Daniel B. Thomas, Kevin McGraw

Research output: Contribution to journalArticlepeer-review

4 Scopus citations


Vivid plumage colors are some of the best examples of elaborate trait evolution resulting from sexual selection. Bird feathers often contain high concentrations of pigment or intricate microstructures for reflecting light at distal feather tips, in order to maximize color presentation to intended viewers (e.g., prospective mates, rivals). However, here we describe a rare form of “hidden” plumage coloration, whereby several species of heron (Pelecaniformes: Ardeidae) have powder down tracts liberally coated in yellow pigments that are hidden from view underneath contour feathers. We show using Raman spectroscopy and high-performance liquid chromatography that the yellow coloration is due to carotenoid pigmentation.

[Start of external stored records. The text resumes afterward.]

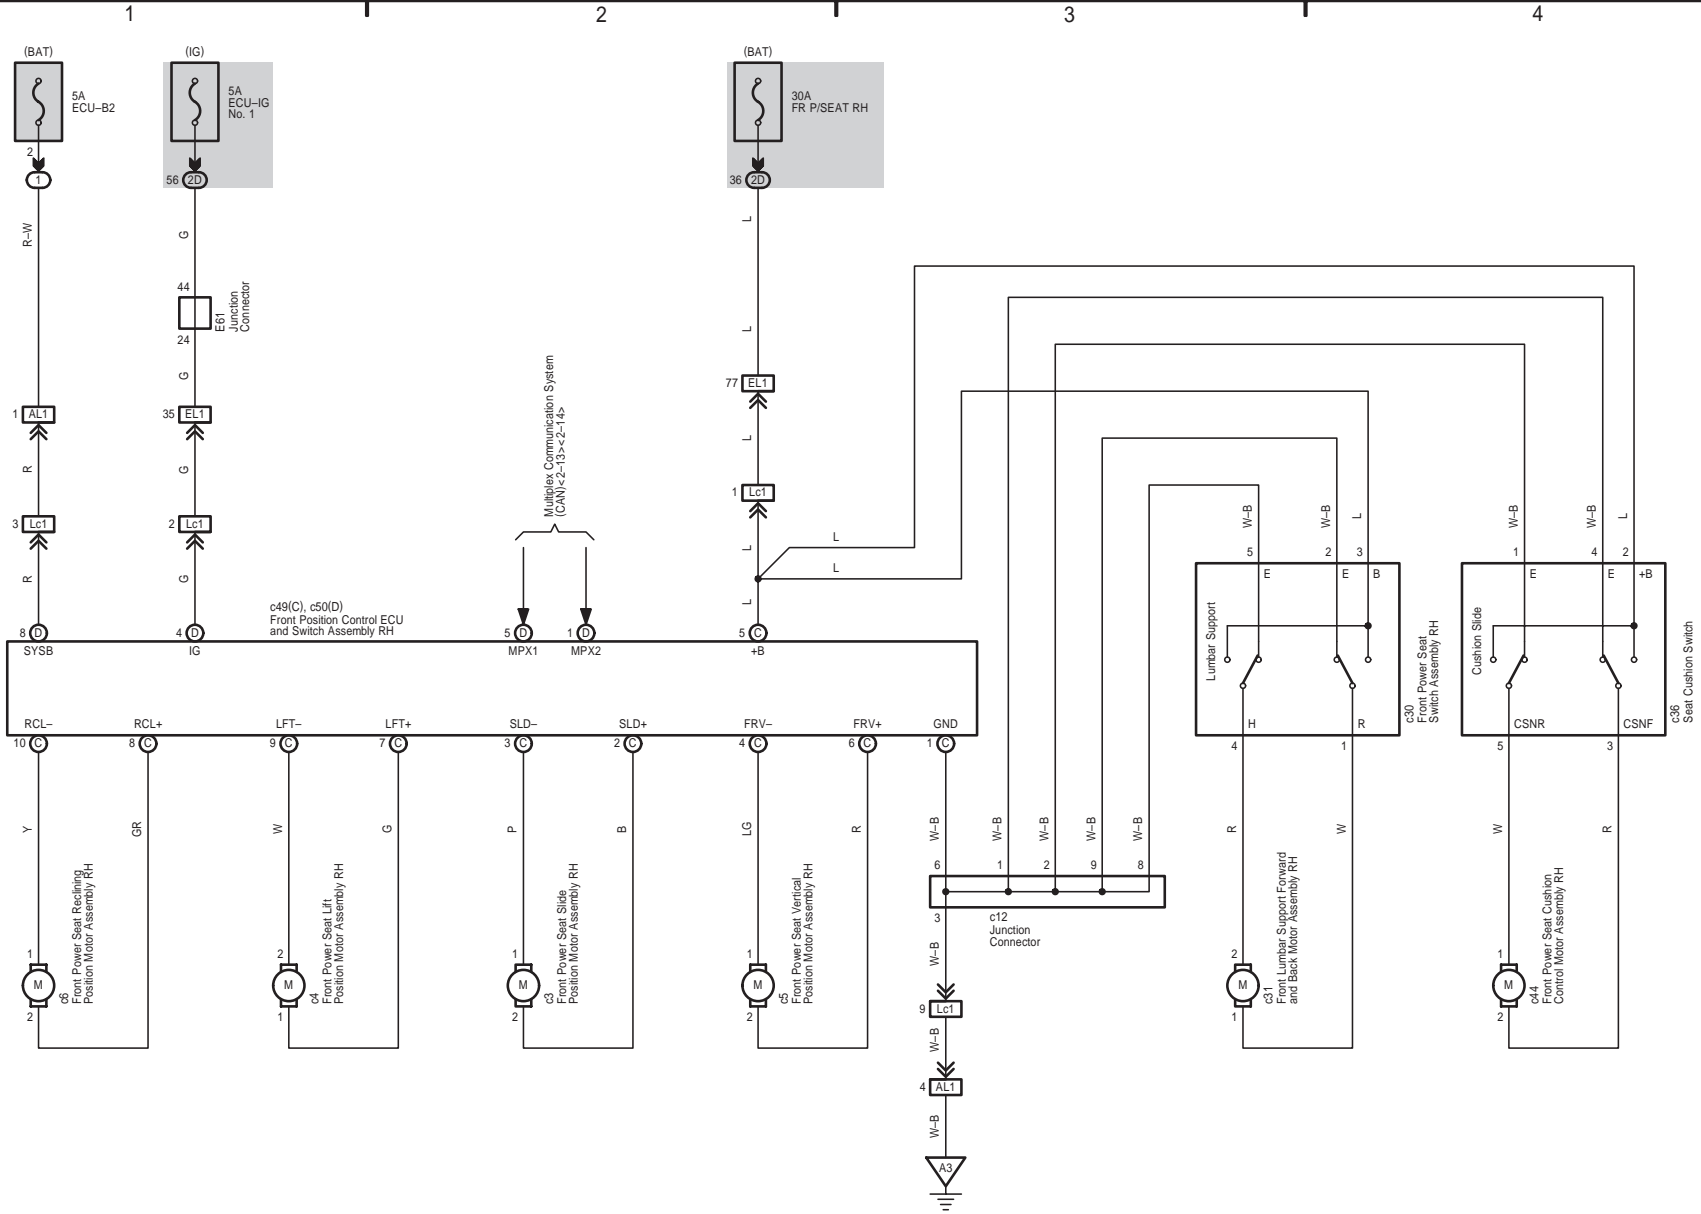

Power Seat (RHD Driver' s Seat)

LX 570 (EM08G4E)
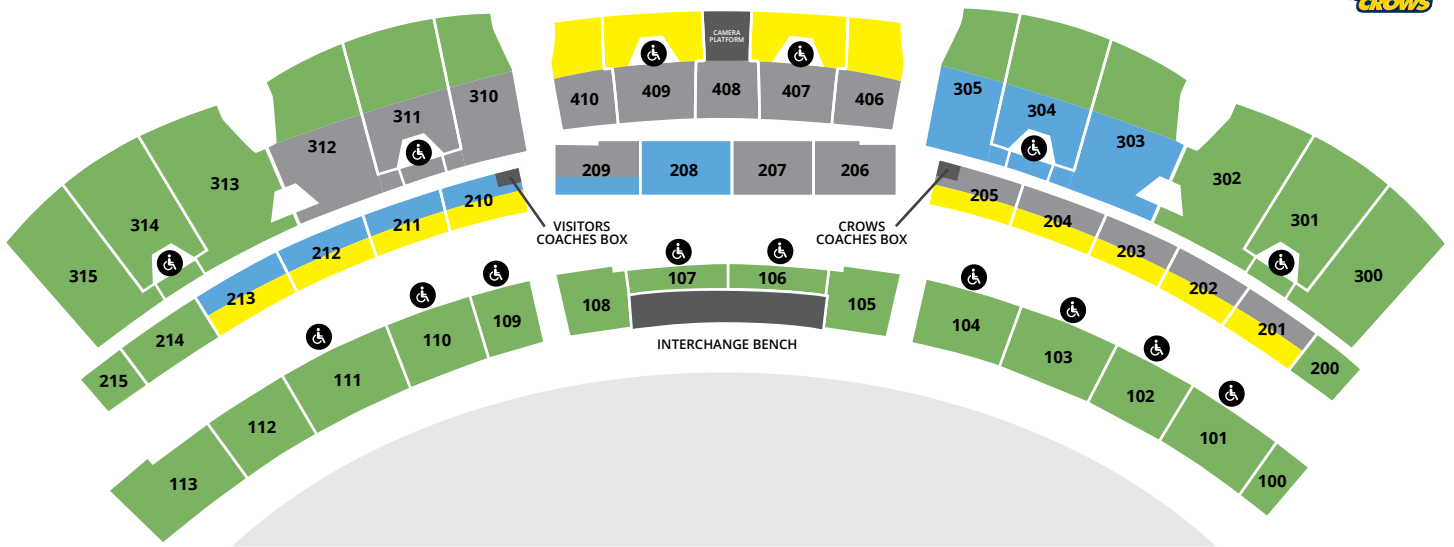

WESTERN STAND SEAT MAPS

■ Unreserved Seating

■ Daily Reserved Seats*
*Any unsold will be released as unreserved seating on matchday

■ Season Reserved Seats

ADELAIDE CROWS HOME GAMES

PORT ADELAIDE HOME GAMES
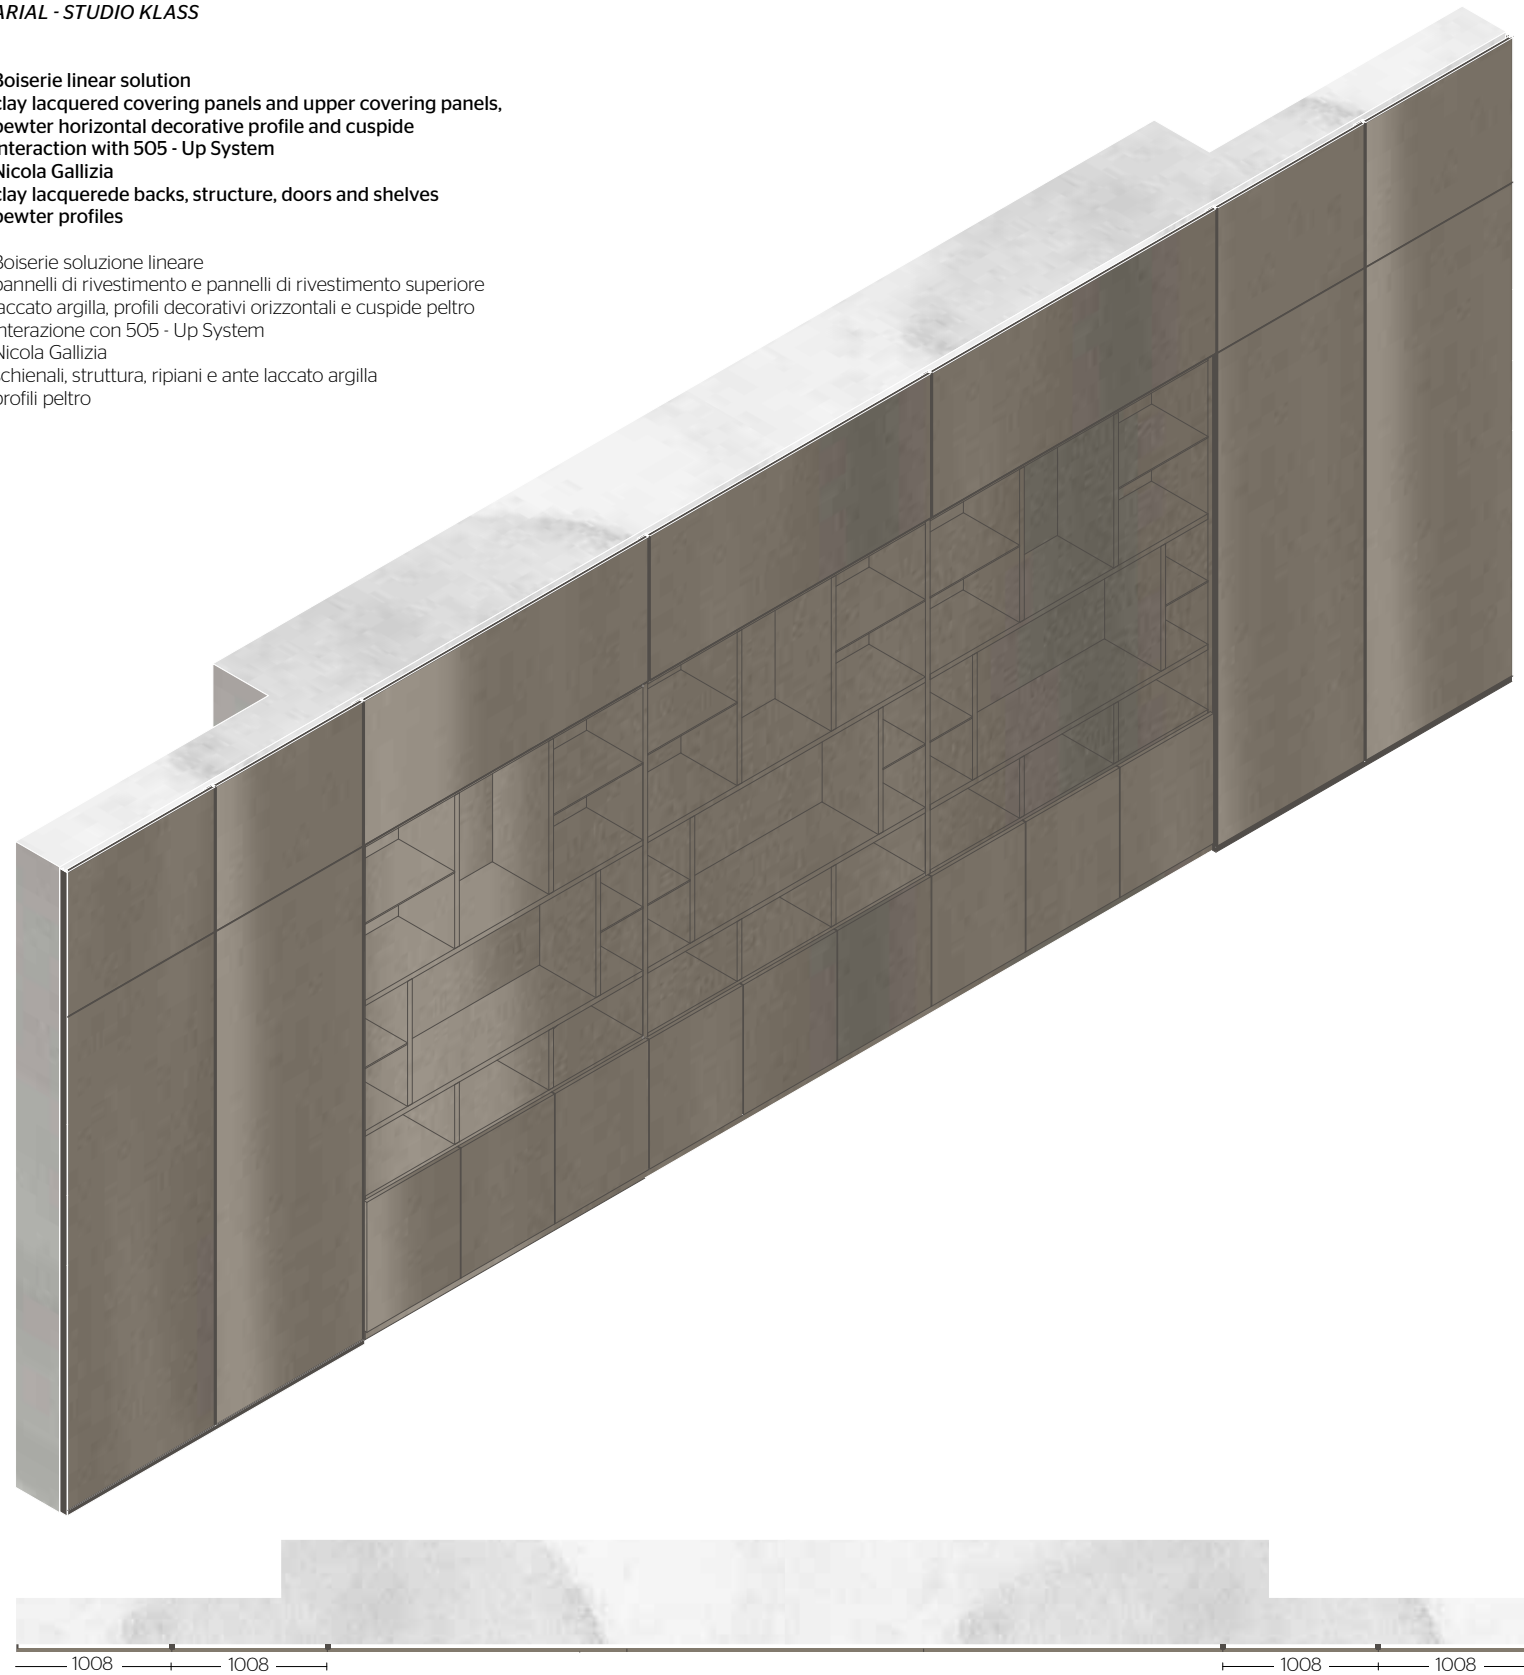

EXAMPLES OF LINEAR SOLUTIONS - INTERACTION WITH 505 - UP SYSTEM
ESEMPI DI SOLUZIONI LINEARI - INTERAZIONE CON 505 - UP SYSTEM

ARIAL - STUDIO KLASS

Boiserie linear solution
clay lacquered covering panels and upper covering panels,
pewter horizontal decorative profile and cuspide
interaction with 505 - Up System
Nicola Gallizia
clay lacquered backs, structure, doors and shelves
pewter profiles

Boiserie soluzione lineare
pannelli di rivestimento e pannelli di rivestimento superiore
laccato argilla, profili decorativi orizzontali e cuspide peltro
interazione con 505 - Up System
Nicola Gallizia
schienali, struttura, ripiani e ante laccato argilla
profili peltro

We also show that fatty acids and carotenoids co-occur in samples and discuss the possible evidence and implications for the presence of esterified carotenoids in powder down. Our study of hidden feather coloration is in apparent contrast with the traditional view of carotenoid pigmentation in plumage, which holds that carotenoids are costly pigments that are displayed to advertise individual quality. We hypothesize that carotenoid pigments are transferred onto powder down as a consequence of the chemical affinity that these pigments have to lipoid secretions associated with subcutaneous fat. Further investigation may identify functions for carotenoid pigmentation in powder down (e.g., signaling, microbiological protection), but we cannot rule out the possibility that the powder down of herons may provide the first evidence for carotenoid coloration in feathers being a non-adaptive by-product of other processes.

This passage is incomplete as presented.